YOUR TASK | Go through the entries below and print, exactly, the lines starting at the one with "## Bevölkerungsentwicklung im" and ending at the one with "## 5-Jahres-Wertung (2015", keeping both ends and no others.
START PROVIDED ENTRIES
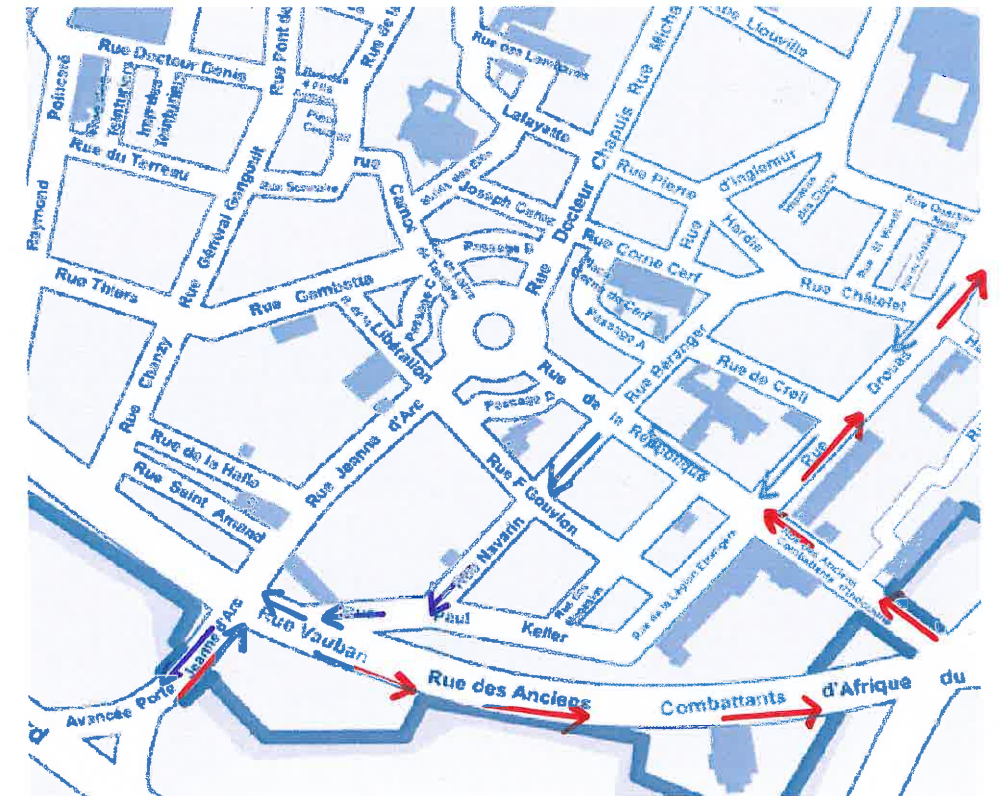

DOUONNARTIN
LÈS - TOUL

4 Communes associées pour un transport de qualité
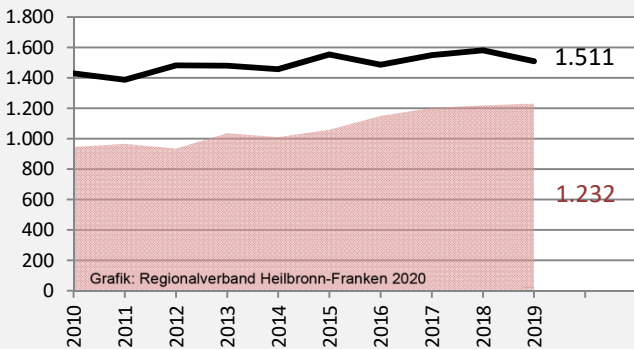

# Main-Tauber-Kreis - Bevölkerung

## Bevölkerungsstand im Main-Tauber-Kreis (2010 bis 2019)

Grafik: Regionalverband Heilbronn-Franken 2020

## Bevölkerungsentwicklung im Main-Tauber-Kreis (seit 2010)

Grafik: Regionalverband Heilbronn-Franken 2020

Geburten und Sterbefälle im Main-Tauber-Kreis

## 5-Jahres-Wertung (2015 - 2019): natürliche Bevölkerungsentwicklung pro 1.000 Einwohner

Grafik: Regionalverband Heilbronn-Franken 2020
END PROVIDED ENTRIES
ANSWER TO THE EXERCISE |
## Bevölkerungsentwicklung im Main-Tauber-Kreis (seit 2010)

Grafik: Regionalverband Heilbronn-Franken 2020

Geburten und Sterbefälle im Main-Tauber-Kreis

## 5-Jahres-Wertung (2015 - 2019): natürliche Bevölkerungsentwicklung pro 1.000 Einwohner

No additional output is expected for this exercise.